TO DO -
The answer must be an exact copy of the records, with every picture removed.

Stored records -

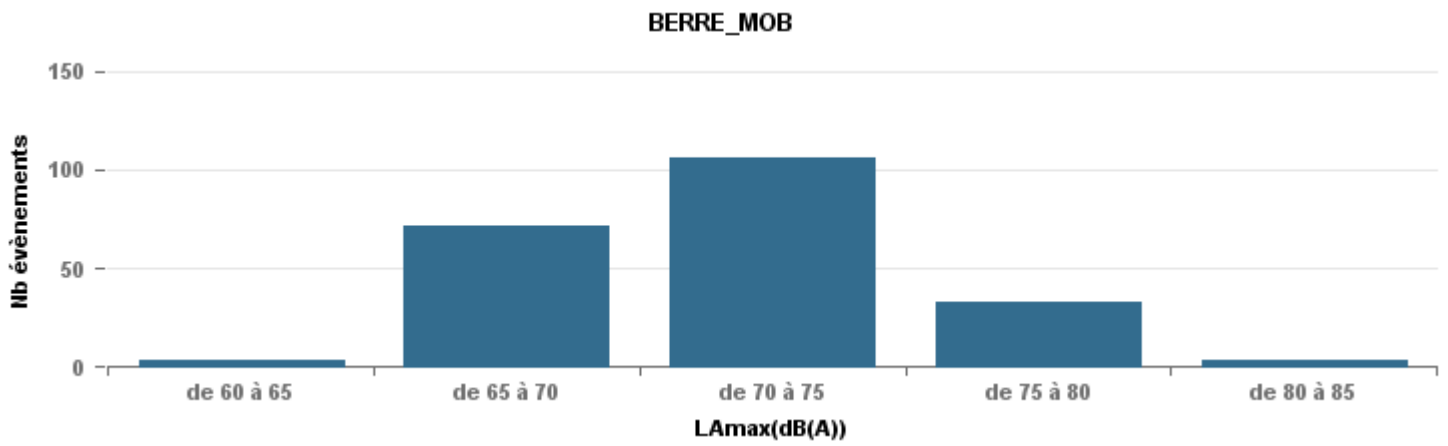

Sur 24 heures

Sur 24 heures

Sur 24 heures

Entre 6h et 22h

Entre 6h et 22h

VITROLLES

GIGNAC

PENNES\_MIRABEAU

Entre 6h et 22h

**BERRE\_MOB**

**LEROVE**

Entre 22h et 6h

Entre 22h et 6h

Entre 22h et 6h

# Répartition des évènements bruit par classe sonore

octobre 2017

RESULT FOR THIS TASK -
Sur 24 heures

Sur 24 heures

Sur 24 heures

Entre 6h et 22h

Entre 6h et 22h

VITROLLES

GIGNAC

PENNES\_MIRABEAU

Entre 6h et 22h

**BERRE\_MOB**

**LEROVE**

Entre 22h et 6h

Entre 22h et 6h

Entre 22h et 6h

# Répartition des évènements bruit par classe sonore

octobre 2017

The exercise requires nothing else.